Dataset excerpts
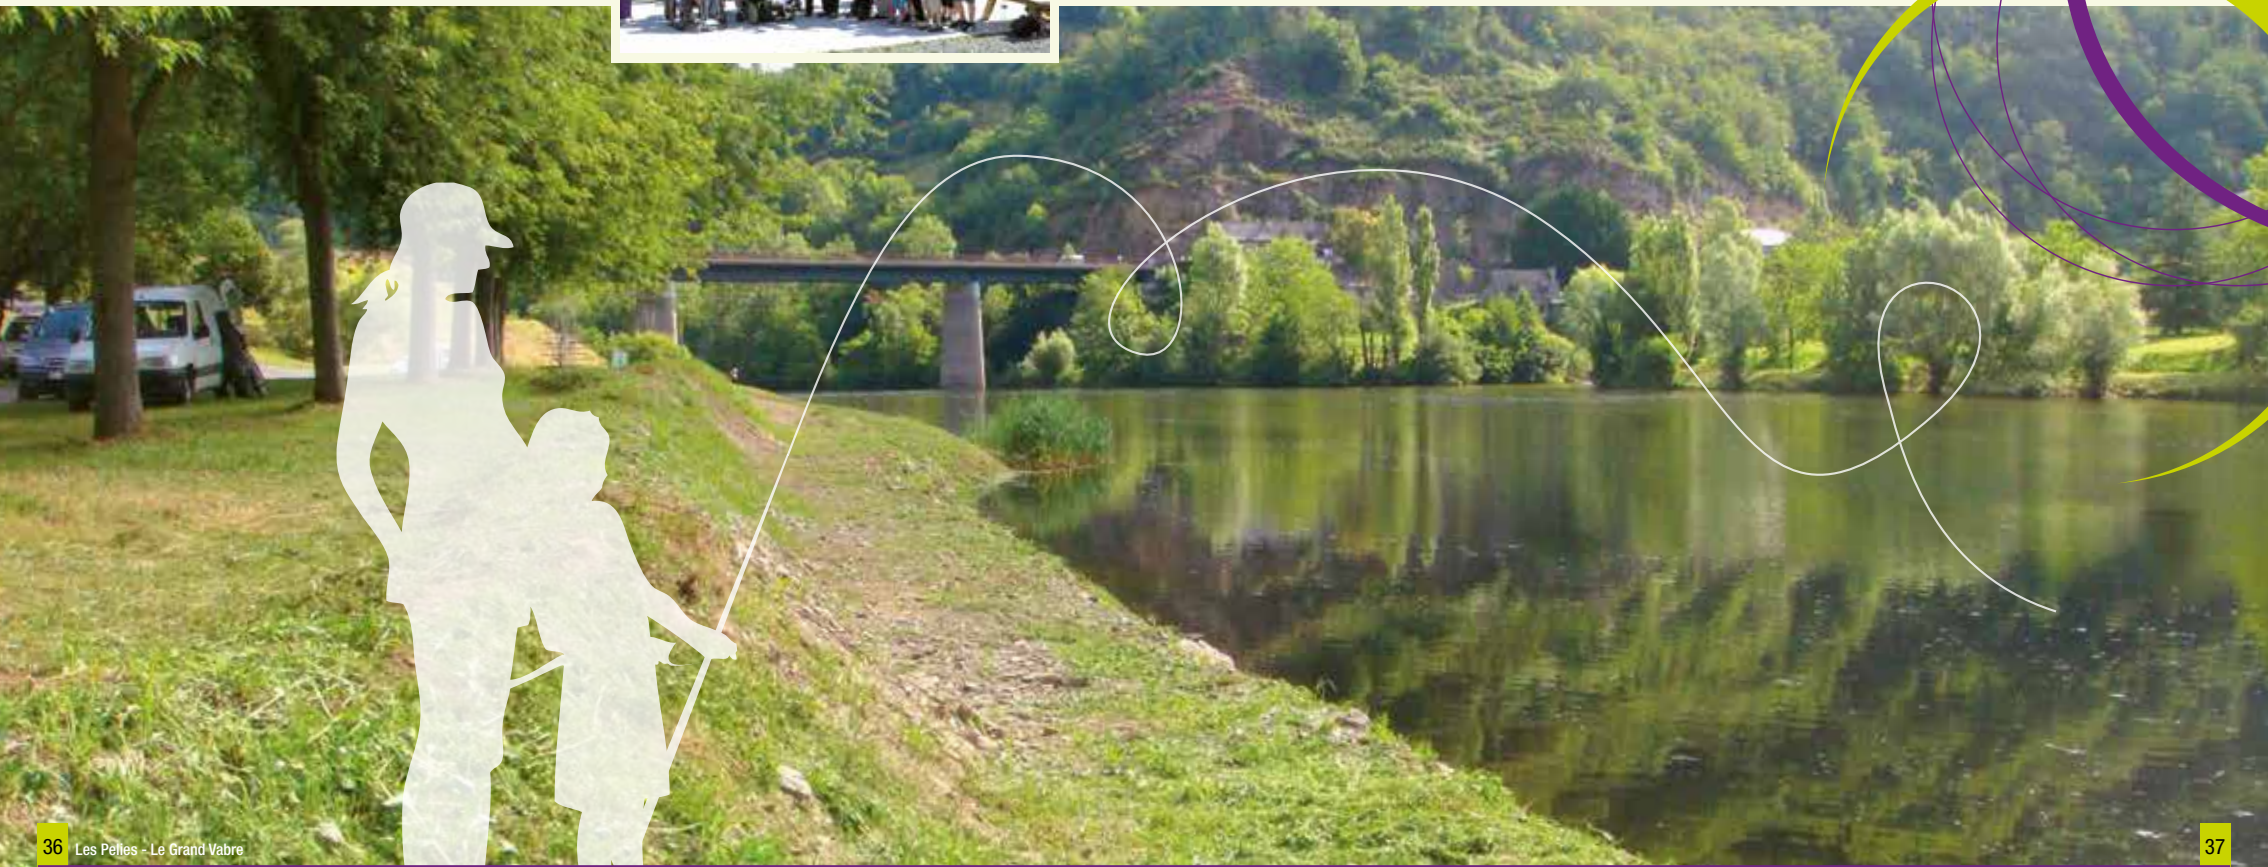

PARCOURS FAMILLE

Les Pelies - Le Grand Vabre

Latitude : 44.63476497827934

Longitude : 2.350924015045166

FÉDÉRATION DU CALVADOS

Tél. : 02.31.44.63.00

peche.calvados@wanadoo.fr - www.federation-peche14.fr

PARCOURS

What to do
This task calls for an exact reproduction of the lines that start at the one containing "peche.calvados@wanadoo.fr - www.federation-peche14.fr" and continue to the end of the entries above.

Written solution
peche.calvados@wanadoo.fr - www.federation-peche14.fr

PARCOURS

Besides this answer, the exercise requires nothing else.